======== EXERCISE INPUTS ========

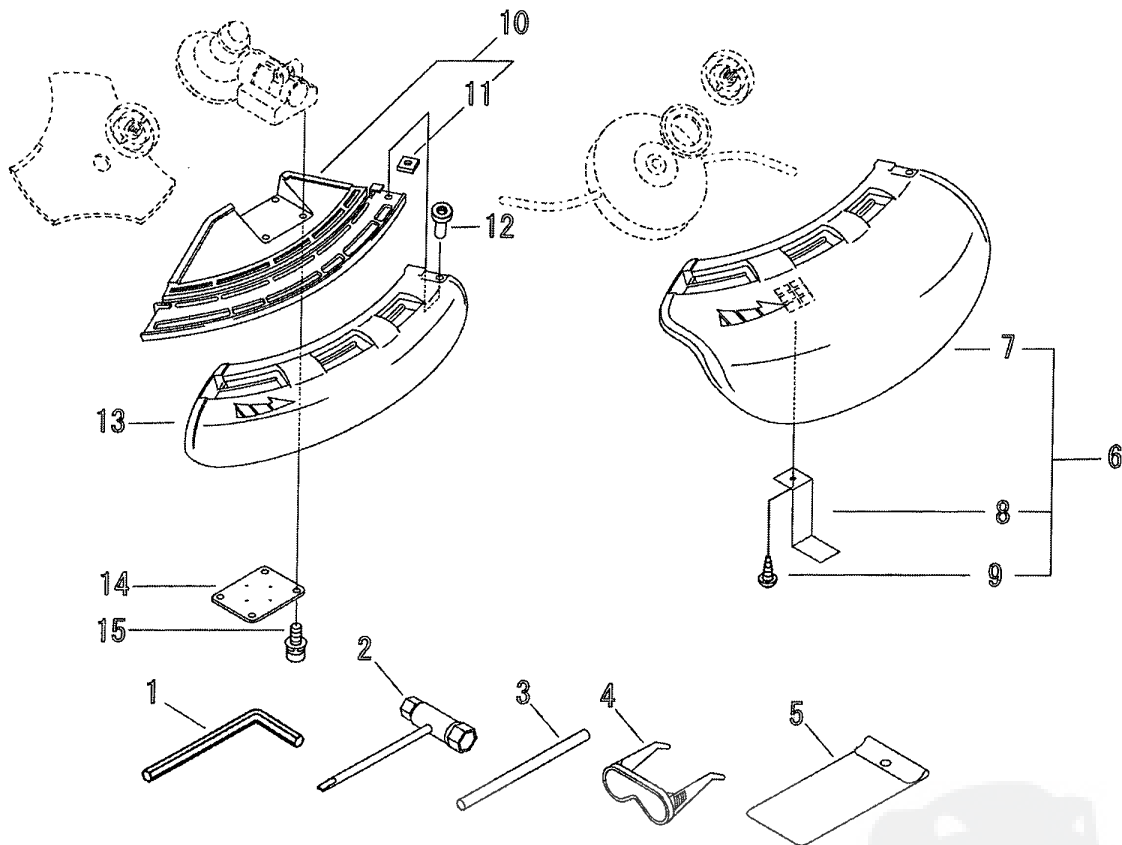

Shield

Shield

Key	Lv	Part no.	Part description	Quantity
1		895610-00130	L-WRENCH (4MM)	1
2		X602-000020	TOOL,WRENCH	1
3		X606-000080	TOOL,BAR	1
4		P021-002861	GOGGLES	1
5		898510-07130	BAG, TOOL	1
6		P021-013770	SHIELD KIT	1
7	+	C550-000080	SHIELD,BLADE	1
8	+	C554-000030	KNIFE, CORD	1
9	+	900252-05012	SCREW 5*12	1
10		C550-000100	SHIELD,BLADE	1
11	+	900565-00005	NUT	1
12		900242-05018	SCREW 5*18	1
13		C550-000090	SHIELD,BLADE	1
14		699013-56830	PLATE, SHIELD	1
15		91118-05025	BOLT	4
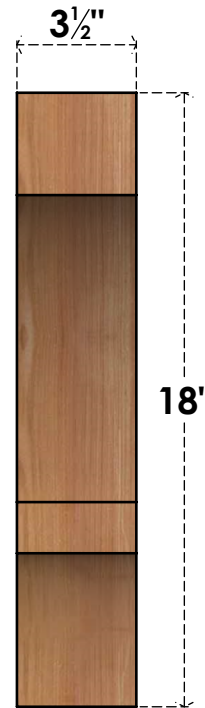

BRC04X18X18BOA00SWR

3 1/2"W X 18"D X 18"H BALBOA SMOOTH BRACE, WESTERN RED CEDAR

SIDE

FRONT

EKENA MILLWORK
 2300 WEST MAIN ST.
 CLARKSVILLE, TX 75426
 TOLL FREE: 866-607-0453
 WWW.EKENAMILLWORK.COM

NOTES

1. INSTALLATION TO BE COMPLETED IN ACCORDANCE WITH MANUFACTURER'S SPECIFICATIONS.
2. DRAWING MAY NOT BE TO SCALE
3. THIS DRAWING IS INTENDED FOR DESIGN AND PLANNING PURPOSES ONLY.
4. ALL INFORMATION CONTAINED HEREIN WAS CURRENT AT THE TIME OF DEVELOPMENT BUT MUST BE REVIEWED AND APPROVED BY THE PRODUCT MANUFACTURER TO BE CONSIDERED ACCURATE.
5. PRODUCTS ARE NOT KILN DRIED. THIS ITEM IS UNIQUE AND WILL CONTAIN THE NATURAL VARIATIONS THAT THE WOOD SPECIES OFFERS. THIS MAY RESULT IN VARIATIONS UP TO 1/4"
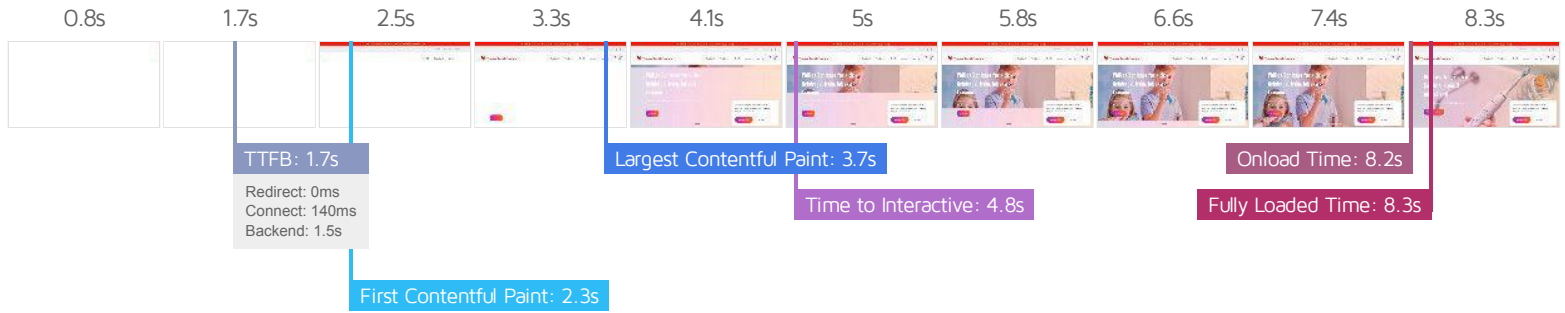

Performance Metrics

First Contentful Paint How quickly content like text or images are painted onto your page. A good user experience is 0.9s or less.	Much longer than recommended 2.3s	Time to Interactive How long it takes for your page to become fully interactive. A good user experience is 2.5s or less.	Much longer than recommended 4.8s
Speed Index How quickly the contents of your page are visibly populated. A good user experience is 1.3s or less.	Much longer than recommended 7.5s	Total Blocking Time How much time is blocked by scripts during your page loading process. A good user experience is 150ms or less.	Much longer than recommended 588ms
Largest Contentful Paint How long it takes for the largest element of content (e.g. a hero image) to be painted on your page. A good user experience is 1.2s or less.	Much longer than recommended 3.7s	Cumulative Layout Shift How much your page's layout shifts as it loads. A good user experience is a score of 0.1 or less.	Good - Nothing to do here 0.02

Browser Timings

Redirect	0ms	Connect	140ms	Backend	1.5s
TTFB	1.7s	First Paint	2.3s	DOM Int.	3.3s
DOM Loaded	3.3s	Onload	8.2s	Fully Loaded	8.3s
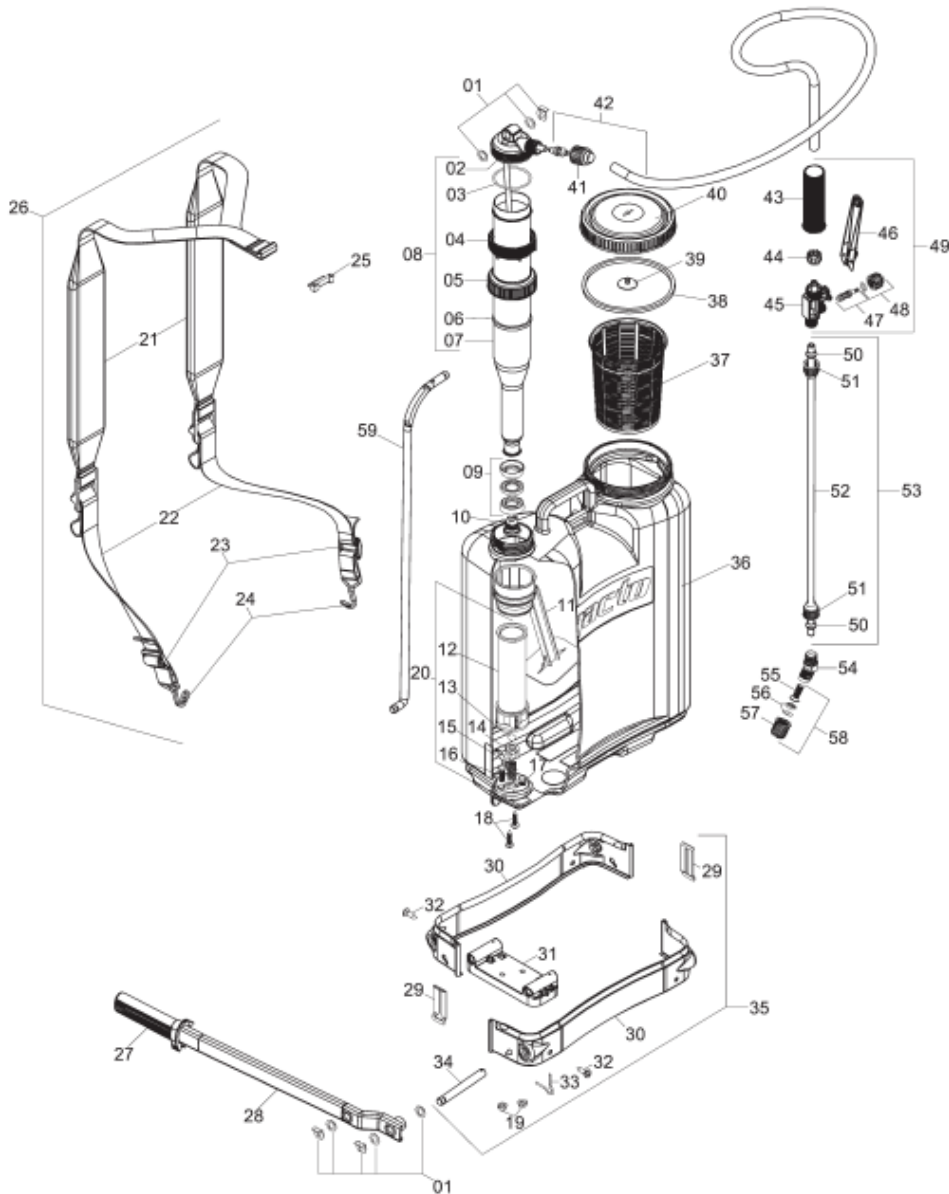

CD400 White/Black Parts Breakdown

Item	Part no.	Description	Qty
0	878033	Sprayer CD400	1
0	878157	Sprayer CD550	1
1	1198800	Washers and Locked ring set	1
2	942680	Chamber cover	1
3	573154	O-ring OR1-136	1
4	040964	Chamber nut	1
5	878074	Packing ring nut	1
6	831230	Packing ring	1
7	942722	Chamber body	1
8	878199	Chamber assembly (Items 2, 3, 4, 7, 9, 10, 11, 12, 13 and 14)	1
9	880534	Piston cups & spacer set	2
10	402297	Chamber valve	1
11	300582	Agitator	1
12	570929	Cylinder	1
13	715474	Ball	1
14	570945	Ball seat	1
15	336412	Compression spring	1
16	351486	Bolt M-6 x 20 x 1.0	2
17	570937	Cylinder base	1
18	336503	Screw 14 x 1"	2
19	743914	Flanged nut	1
20	570911	Cylinder assembly (Items 12-19)	1
21	573014	Padded strap & buckle	1
22	229971	Strap with handle	2
23	502757	Buckle	2
24	433474	Shoulder strap hook	2
25	635664	Shoulder strap lock	1
26	573006	Shoulder straps assembly (Items 21-25)	1
27	1194579	Handgrip	1
28	661363	Pump lever	1
29	942896	Base clamp	2
30	878066	Half base	2
31	433870	Base reinforcement	1
32	211227	Screw 1/4" x 3/4"	2
33	433888	Shaft lock	1
34	433896	Pump lever shaft	1
35	878140	Split base (Items 29-34)	1
36	878041	CD400 Tank with lid (Items 37 and 40)	1
36A	878165	CD550 Tank with lid (Items 37 and 40)	1
37	942920	Strainer	1
38	837922	Tank lid seal	1
39	560573	Lid diaphragm	1

Item	Part no.	Description	Qty
40	878132	Lid with diaphragm and seal	1
41	942193	Screw cap 9-20 x 1.5	1
42	048116	Hose with dip tube	1
43	909192	Trigger valve handle	1
44	920470	Lock	1
45	909283	Trigger valve body	1
46	105247	Trigger	1
47	105239	Trigger valve needle assembly	1
48	996058	Trigger valve cap with packing	1
49	908689	Trigger valve assembly	1
50	909309	Cone packing	2
51	915744	Screw cap	2
52	1149491	Tube (Stainless steel)	1
53	100131	Extension 601	1
54	635276	Elbow	1
55	602139	Nozzle filter (40 mesh)	1
56	217174	Nozzle JD-12P	1
57	229724	Nozzle cap	1
58	427062	Nozzle assembly (Items 55-57)	1
59	1198602	Rod with locked rings	1
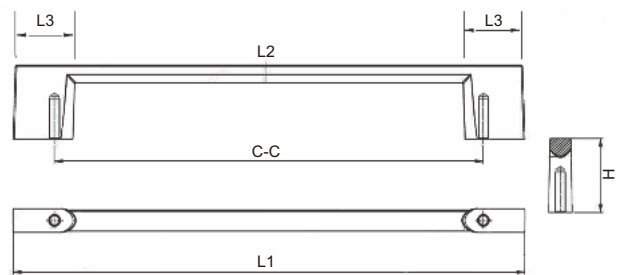

RA-H1165128BG

Features:

- Contemporary solid steel pull
- Brushed Gold Finish
- Screws included

Size:

- RA-H116532BG A. 2 1/4"L×1"H
- RA-H116596BG B. 4 1/2"L×1"H
- RA-H1165128BG C. 5 7/8"L×1"H
- RA-H1165160BG D. 7 1/2"L×1"H
- RA-H1165192BG E. 8 3/4"L×1"H

ITEMN□	C-C(mm)	L1(mm)	L2(mm)	L3(mm)	H(mm)
A	32	57	25.5	12.5	25.5
B	96	113.5	6.5	17	25.5
C	128	151.5	6.5	19	25.5
D	160	189	7	23.5	26
E	192	224	7.5	25.5	27
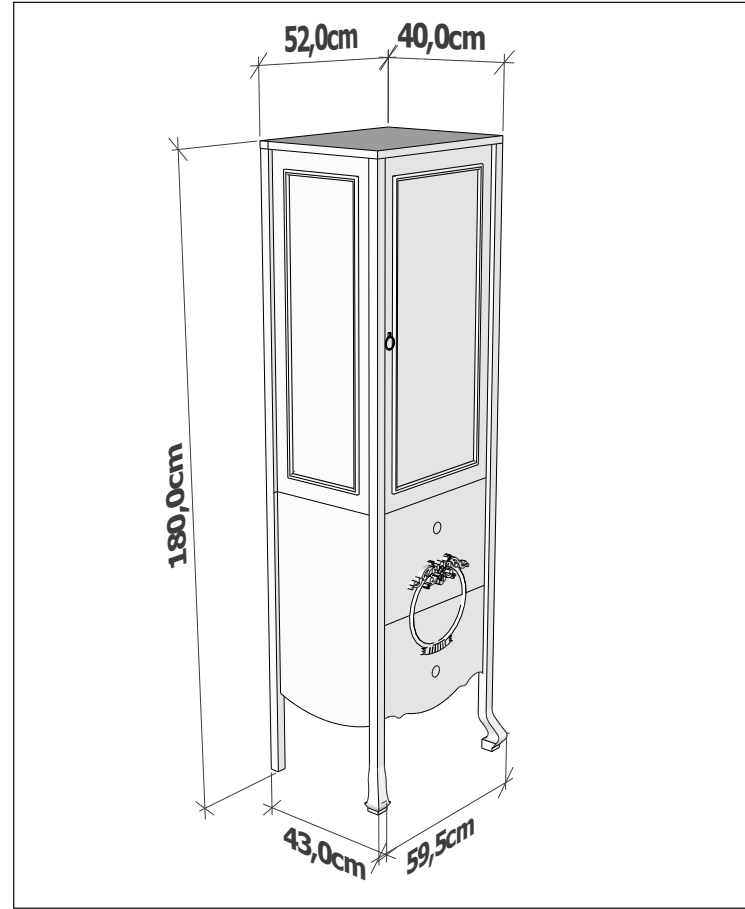

Parlak Lake Renkler
Glossy Lacquer Colors

Vareklar
Foil

Mermer Seçenekleri / Marble Options

========

● TASK DIRECTIONS:
Pictures stay out; everything else in the records above gets copied exactly.

● RESULT OF THE TASK:
Shield

Shield

Key	Lv	Part no.	Part description	Quantity
1		895610-00130	L-WRENCH (4MM)	1
2		X602-000020	TOOL,WRENCH	1
3		X606-000080	TOOL,BAR	1
4		P021-002861	GOGGLES	1
5		898510-07130	BAG, TOOL	1
6		P021-013770	SHIELD KIT	1
7	+	C550-000080	SHIELD,BLADE	1
8	+	C554-000030	KNIFE, CORD	1
9	+	900252-05012	SCREW 5*12	1
10		C550-000100	SHIELD,BLADE	1
11	+	900565-00005	NUT	1
12		900242-05018	SCREW 5*18	1
13		C550-000090	SHIELD,BLADE	1
14		699013-56830	PLATE, SHIELD	1
15		91118-05025	BOLT	4

BRC04X18X18BOA00SWR

3 1/2"W X 18"D X 18"H BALBOA SMOOTH BRACE, WESTERN RED CEDAR

SIDE

FRONT

EKENA MILLWORK
 2300 WEST MAIN ST.
 CLARKSVILLE, TX 75426
 TOLL FREE: 866-607-0453
 WWW.EKENAMILLWORK.COM

NOTES

1. INSTALLATION TO BE COMPLETED IN ACCORDANCE WITH MANUFACTURER'S SPECIFICATIONS.
2. DRAWING MAY NOT BE TO SCALE
3. THIS DRAWING IS INTENDED FOR DESIGN AND PLANNING PURPOSES ONLY.
4. ALL INFORMATION CONTAINED HEREIN WAS CURRENT AT THE TIME OF DEVELOPMENT BUT MUST BE REVIEWED AND APPROVED BY THE PRODUCT MANUFACTURER TO BE CONSIDERED ACCURATE.
5. PRODUCTS ARE NOT KILN DRIED. THIS ITEM IS UNIQUE AND WILL CONTAIN THE NATURAL VARIATIONS THAT THE WOOD SPECIES OFFERS. THIS MAY RESULT IN VARIATIONS UP TO 1/4"

Performance Metrics

First Contentful Paint How quickly content like text or images are painted onto your page. A good user experience is 0.9s or less.	Much longer than recommended 2.3s	Time to Interactive How long it takes for your page to become fully interactive. A good user experience is 2.5s or less.	Much longer than recommended 4.8s
Speed Index How quickly the contents of your page are visibly populated. A good user experience is 1.3s or less.	Much longer than recommended 7.5s	Total Blocking Time How much time is blocked by scripts during your page loading process. A good user experience is 150ms or less.	Much longer than recommended 588ms
Largest Contentful Paint How long it takes for the largest element of content (e.g. a hero image) to be painted on your page. A good user experience is 1.2s or less.	Much longer than recommended 3.7s	Cumulative Layout Shift How much your page's layout shifts as it loads. A good user experience is a score of 0.1 or less.	Good - Nothing to do here 0.02

Browser Timings

Redirect	0ms	Connect	140ms	Backend	1.5s
TTFB	1.7s	First Paint	2.3s	DOM Int.	3.3s
DOM Loaded	3.3s	Onload	8.2s	Fully Loaded	8.3s

CD400 White/Black Parts Breakdown

Item	Part no.	Description	Qty
0	878033	Sprayer CD400	1
0	878157	Sprayer CD550	1
1	1198800	Washers and Locked ring set	1
2	942680	Chamber cover	1
3	573154	O-ring OR1-136	1
4	040964	Chamber nut	1
5	878074	Packing ring nut	1
6	831230	Packing ring	1
7	942722	Chamber body	1
8	878199	Chamber assembly (Items 2, 3, 4, 7, 9, 10, 11, 12, 13 and 14)	1
9	880534	Piston cups & spacer set	2
10	402297	Chamber valve	1
11	300582	Agitator	1
12	570929	Cylinder	1
13	715474	Ball	1
14	570945	Ball seat	1
15	336412	Compression spring	1
16	351486	Bolt M-6 x 20 x 1.0	2
17	570937	Cylinder base	1
18	336503	Screw 14 x 1"	2
19	743914	Flanged nut	1
20	570911	Cylinder assembly (Items 12-19)	1
21	573014	Padded strap & buckle	1
22	229971	Strap with handle	2
23	502757	Buckle	2
24	433474	Shoulder strap hook	2
25	635664	Shoulder strap lock	1
26	573006	Shoulder straps assembly (Items 21-25)	1
27	1194579	Handgrip	1
28	661363	Pump lever	1
29	942896	Base clamp	2
30	878066	Half base	2
31	433870	Base reinforcement	1
32	211227	Screw 1/4" x 3/4"	2
33	433888	Shaft lock	1
34	433896	Pump lever shaft	1
35	878140	Split base (Items 29-34)	1
36	878041	CD400 Tank with lid (Items 37 and 40)	1
36A	878165	CD550 Tank with lid (Items 37 and 40)	1
37	942920	Strainer	1
38	837922	Tank lid seal	1
39	560573	Lid diaphragm	1

Item	Part no.	Description	Qty
40	878132	Lid with diaphragm and seal	1
41	942193	Screw cap 9-20 x 1.5	1
42	048116	Hose with dip tube	1
43	909192	Trigger valve handle	1
44	920470	Lock	1
45	909283	Trigger valve body	1
46	105247	Trigger	1
47	105239	Trigger valve needle assembly	1
48	996058	Trigger valve cap with packing	1
49	908689	Trigger valve assembly	1
50	909309	Cone packing	2
51	915744	Screw cap	2
52	1149491	Tube (Stainless steel)	1
53	100131	Extension 601	1
54	635276	Elbow	1
55	602139	Nozzle filter (40 mesh)	1
56	217174	Nozzle JD-12P	1
57	229724	Nozzle cap	1
58	427062	Nozzle assembly (Items 55-57)	1
59	1198602	Rod with locked rings	1

RA-H1165128BG

Features:

- Contemporary solid steel pull
- Brushed Gold Finish
- Screws included

Size:

- RA-H116532BG A. 2 1/4"L×1"H
- RA-H116596BG B. 4 1/2"L×1"H
- RA-H1165128BG C. 5 7/8"L×1"H
- RA-H1165160BG D. 7 1/2"L×1"H
- RA-H1165192BG E. 8 3/4"L×1"H

ITEMN□	C-C(mm)	L1(mm)	L2(mm)	L3(mm)	H(mm)
A	32	57	25.5	12.5	25.5
B	96	113.5	6.5	17	25.5
C	128	151.5	6.5	19	25.5
D	160	189	7	23.5	26
E	192	224	7.5	25.5	27

Parlak Lake Renkler
Glossy Lacquer Colors

Vareklar
Foil

Mermer Seçenekleri / Marble Options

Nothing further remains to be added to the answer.